Батюшка-спелеолог не миндальничает с не в меру любопытными приблудными: «Вы разворачивайтесь на 180 градусов и идите откуда пришли; вы не с нами здесь», — под землей пьяные быки смиренно следуют указаниям особы духовного звания. Представитель администрации договорился с менеджерами Псково-Печерской лавры, чтобы нас без очереди пустили в главный здешний аттракцион — подземелья, «пещеры богом зданные». В псковских нерукотворных пещерах, обозначенных на входе ярким, золотым по красному, транспарантом, хоронят вот уже лет девятьсот, и сейчас там не то 11, не то 16 тысяч гробов. Чтобы низвергнуться в катакомбы, надо сначала проникнуть на территорию монастыря, который занимает внутренность живописного оврага. Издали он похож на фантик от шоколадки «Сказки Пушкина», и чем ближе, тем больше подтверждается первое впечатление: аляповатая азиатчина. Ортодоксальные избушки декорированы сусальным золотом, на крышах грядками высажены башни-луковки. В овраг спускаются по выложенной брусчаткой «кровавой дороге» — Грозный, как справедливо указано в каком-то из романов Проханова, нес по ней на руках тело убитого им Корнилия. Справа остается стеклянная коробка — еще один штрих в эклектичной картине — в которой почему-то выставлена «Коляска Анны Иоанновны». Это богатый монастырь. По мощеной дороге деловито снует массовка из раскормленных батюшек, изможденных схимников, бритых паломников в спортивных костюмах и кожаных куртках и паломниц в некрасивых хиджабах, как у мусульманских женщин. Поскольку где-то поблизости находится не то священный источник, не то колодец, повсеместно распространенным здесь реквизитом является пятилитровая пластиковая баклага из-под «акваминерале». То тут, то там можно увидеть «старцев», тех самых, надо полагать, которые, если верить автору передовицы «По молитвам старцев сгорело Останкино», молились в свое время об испепелении «этой огромной бетонной суки» — имелась в виду «сатанинская башня».

Псковский Кремль.



Псков, который покажется внимательному прохановскому читателю его наследственной вотчиной, никогда на самом деле не фигурировал в его родовой памяти. Он нашел свою «духовную Мекку» сам — более того, случайно. Мать, большая любительница отечественного туризма, купила себе путевку в Псков и заболела. Он только что сдал сопромат и с грехом пополам закончил первый курс; работать он не собирался, так что ничто не мешало ему поехать вместо матери. Осмотрев вокзал, где отрекся Николай Второй, он отправился в центр, к Довмонтову городу, тамошнему кремлю.

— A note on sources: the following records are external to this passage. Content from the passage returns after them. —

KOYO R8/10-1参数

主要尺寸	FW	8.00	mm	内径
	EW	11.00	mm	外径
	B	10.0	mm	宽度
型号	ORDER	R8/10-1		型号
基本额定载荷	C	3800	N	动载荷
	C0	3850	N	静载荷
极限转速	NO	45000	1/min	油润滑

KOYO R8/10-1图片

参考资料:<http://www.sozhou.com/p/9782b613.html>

Пораженный мощной северной фортификационной архитектурой и величественным собором, он оказался достаточно открытым человеком, чтобы обратить внимание и на современность, вовсю осваивавшую средневековую крепость. Внутреннее пространство вдоль и поперек было перерыто ленинградскими археологами, которые в тот момент рыскали по всему Русскому Северу в поисках берестяных грамот, это была своего рода золотая лихорадка. В одном из шурфов внимание молодого экскурсанта привлекла необычайно красивая девушка, рассматривавшая найденный нож и некие предметы, похожие на курительные трубки.

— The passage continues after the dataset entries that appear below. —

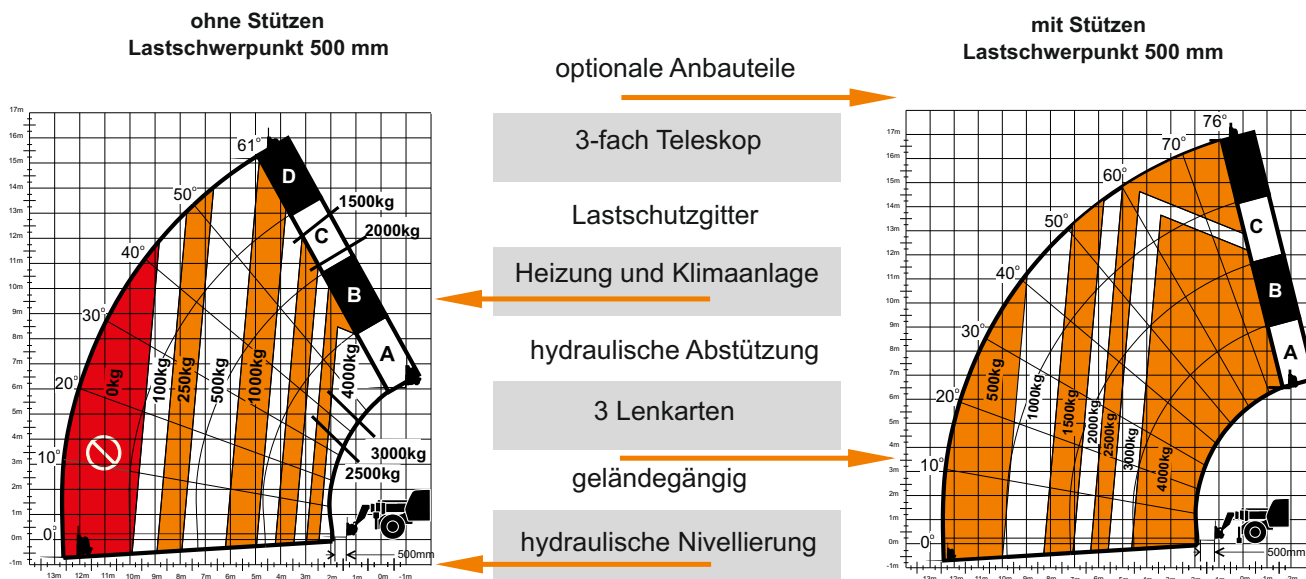

Telefon: 0 94 33 - 20 43 8-0
Fax: 0 94 33 - 20 43 8-20
E-Mail: info@ms-suess.de
Internet: www.ms-suess.de

Bundesweite
Vermietung

Teleskop-Stapler ST171-4.0t-D

Das Arbeitstier im umfangreichen Materialtransport!

Für Ihre Spezialeinsätze:

- ✓ Lasthakenarbeiten
- ✓ Montage
- ✓ hohe Traglast
- ✓ und vieles mehr
- ✓ Wartungsarbeiten
- ✓ Materialtransport
- ✓ Außeneinsätze

SPEZIAL Stützen und Nivellierung

Technische Daten:

Tragkraft max.:	4000 kg*
Hubhöhe max.:	17,10 m
Reichweite max.:	12,50 m
Nivellierung:	+/- 10°
Zinken kurz:	1,20 m
Gabelträgerbreite:	1,30 m
Transportmaße L x B:	6,38** x 2,35 m
Gesamthöhe:	2,85 m
Eigengewicht:	11.500 kg
Getriebe:	Hydrostat
Antriebsart:	Diesel

Zubehör:

- kleiner Lasthaken
- Schaufel

Sonderausstattung:

- Heizung & Klimaanlage
- Arbeitsscheinwerfer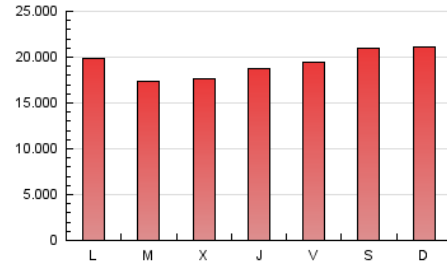

EL DEBATE

1. Cifras totales y promedios (Nacional)

MES - AÑO	NAVEGADORES UNICOS	VISITAS	PAGINAS
Abril - 2024	10.181.718	31.534.043	57.806.830
PROMEDIO DIARIO	875.283	1.051.135	1.926.894
PROMEDIO LUNES-VIERNES	861.623	1.033.092	1.863.321
PROMEDIO SABADO-DOMINGO	912.848	1.100.752	2.101.720
PAGINAS / VISITAS	1,83		
DURACION MEDIA VISITAS	0:01:44		
TIEMPO INTERACCIÓN MEDIO	0:02:05		

2. Secciones (Nacional)

	PAGINAS	%
HOME	10.975.303	18.99 %
RESTO	46.831.527	81.01 %

3. Por día del mes (Nacional)

Día	N. únicos	Visitas	Páginas	Día	N. únicos	Visitas	Páginas	Día	N. únicos	Visitas	Páginas
1	1.010.342	1.204.434	1.983.812	11	1.088.838	1.272.382	2.051.493	21	764.457	941.814	1.692.414
2	875.862	1.031.069	1.760.961	12	664.220	781.815	1.498.358	22	620.238	754.934	1.560.782
3	666.152	790.328	1.506.385	13	743.835	874.579	1.624.017	23	715.296	862.342	1.726.499
4	719.033	853.479	1.534.723	14	959.538	1.154.846	1.937.478	24	893.827	1.114.778	2.031.605
5	907.307	1.095.779	1.840.803	15	761.303	902.565	1.742.863	25	982.657	1.218.239	2.101.091
6	1.022.657	1.242.486	2.762.600	16	629.853	746.884	1.495.654	26	1.383.254	1.683.526	2.681.512
7	1.059.552	1.273.833	2.510.318	17	793.379	942.788	1.796.444	27	1.024.414	1.246.973	2.415.703
8	1.063.170	1.259.639	2.339.753	18	824.875	976.973	1.830.775	28	1.034.211	1.247.695	2.285.226
9	1.036.147	1.218.207	2.027.059	19	763.858	891.029	1.762.091	29	1.020.290	1.285.415	2.311.198
10	858.709	1.013.470	1.732.883	20	694.120	823.791	1.586.006	30	677.085	827.951	1.676.324

4. Gráficas (Nacional)

4.1 Por día de la semana (promedio)

N. únicos / Visitas (x 100)

Páginas (x 100)

4.2 Por franja horaria (promedio)

Visitas_ (x 1000)

Páginas (x 1000)

4.3 Por meses

Он не решился заговорить с ней при ее знакомых, но вечером, встретив на танцевальной веранде, пригласил ее на чачача и сообщил о том, что видел ее в раскопе, удачно пошутил насчет того, что, сделав сенсационные археологические открытия такого рода, она сможет защитить диссертацию «Кольца табачного дыма как прообраз древнерусских архитектурных форм» — и проводил до Поганкиных палат, где было общежитие археологов. На следующий день он отклонился от официально утвержденного экскурсионного маршрута, она взяла отгул, и они до ночи шатались по городу, разглядывая фрески и купаясь в Великой. Тех, кто интересуется дальнейшими подробностями того дня, отсылаем к роману «Господин Гексоген», где он воспроизведен с поистине прустовской обстоятельностью.

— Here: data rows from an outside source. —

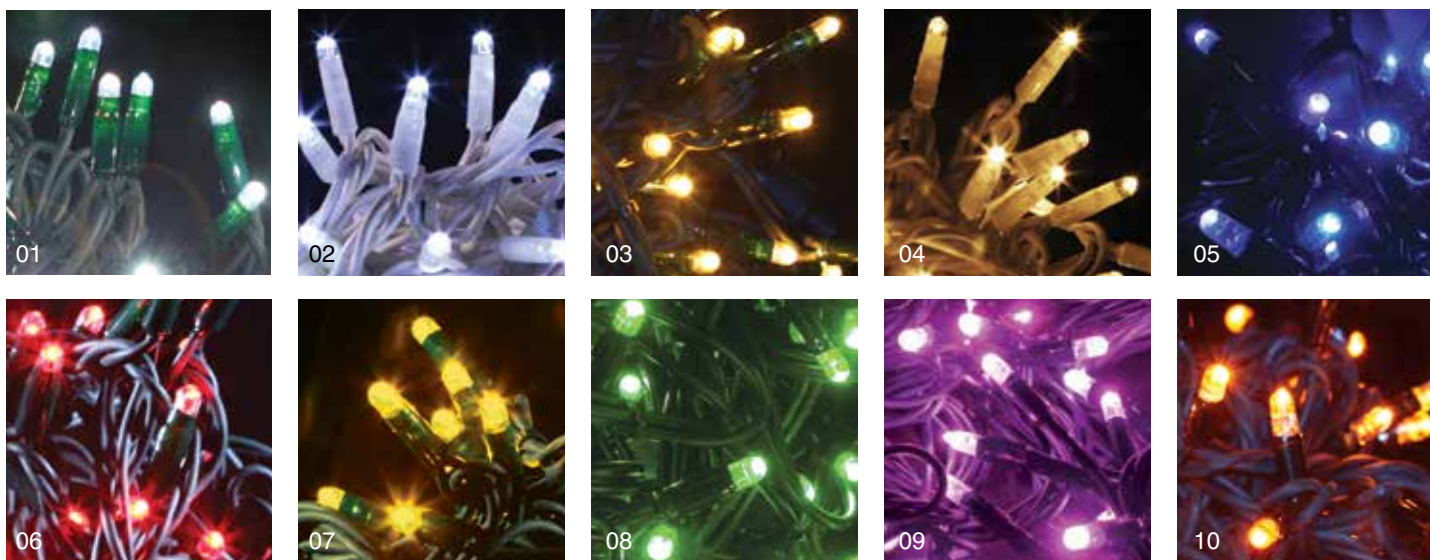

Girlanda OPTIMA MAXILEB-LED je dělitelná po 5 metrech a lze ji prodloužit max. 20x do celkové délky 400 m na jeden napájecí kabel.

Napájecí kabel není součástí girlandy, je nutné ho objednat samostatně!

Pro propojování světelných girland z programu MAXILEB-LED můžete využít propojovacího příslušenství viz str. 42 - 45.

obr.	reference	označení	počet LED	barva LED	rozměr	barva kabelu	napětí / příkon
01	SR-550691	OPTIMA MAXILEB-LED	200	studená bílá	20 m	tmavo-zelená	230V / 13W
02	SR-550689	OPTIMA MAXILEB-LED	200	studená bílá	20 m	bílá	230V / 13W
03	SR-550692	OPTIMA MAXILEB-LED	200	teple bílá	20 m	tmavo-zelená	230V / 13W
04	SR-550690	OPTIMA MAXILEB-LED	200	teple bílá	20 m	bílá	230V / 13W
05	SR-550694	OPTIMA MAXILEB-LED	200	modrá	20 m	tmavo-zelená	230V / 13W
06	SR-550693	OPTIMA MAXILEB-LED	200	červená	20 m	tmavo-zelená	230V / 13W
07	SR-550696	OPTIMA MAXILEB-LED	200	žlutá	20 m	tmavo-zelená	230V / 13W
08	SR-550695	OPTIMA MAXILEB-LED	200	zelená	20 m	tmavo-zelená	230V / 13W
09	SR-550698	OPTIMA MAXILEB-LED	200	růžová	20 m	tmavo-zelená	230V / 13W
10	SR-550697	OPTIMA MAXILEB-LED	200	oranžová	20 m	tmavo-zelená	230V / 13W
-	SR-550734	Napájecí kabel	-	-	1,5 m	černá	1840W max

Девушка, которая позже станет работать искусствоведом в Эрмитаже, в отделе знамен, станет первой его долгоиграющей возлюбленной, они проведут вместе целый год, будут ездить друг к другу. Для нас, однако, важно, что через нее он познакомится с компанией ленинградских реставраторов.

Отцами-основателями экспедиции — и крупнейшими фигурами воспетого Прохановым «псковского ренессанса», якобы случившегося после войны в отдельно взятом районе «Красной империи», — были Борис Скобельцын (1921–1995), Лев Катаев и Всеволод Смирнов. Архитекторы и реставраторы, все они были старше Проханова, все прошли войну и все были людьми, занятыми практическим воплощением русской идеи. Это был лестный для него и психологически комфортный мужской коллектив («Псковские друзья были мне отцами и старшими братьями»). Именно это «псковское братство» научило его всерьез ценить красоту и мистику древнерусской культуры, продемонстрировало исторический ресурс России, который можно использовать в мобилизационном проекте развития. В сущности, он был готов к этому: его мать, архитектор, всегда старалась приобщить его к старине и часто вывозила на осмотры усадеб — Кускова, Архангельского, Коломенского, теперь, однако, он попадает в среду, где красотой не просто любовались, но с энтузиазмом соучаствовали в ней, инвестировали в нее время и таланты. Скобельцынские реконструкции полуразрушенных храмов выглядели очень впечатляюще.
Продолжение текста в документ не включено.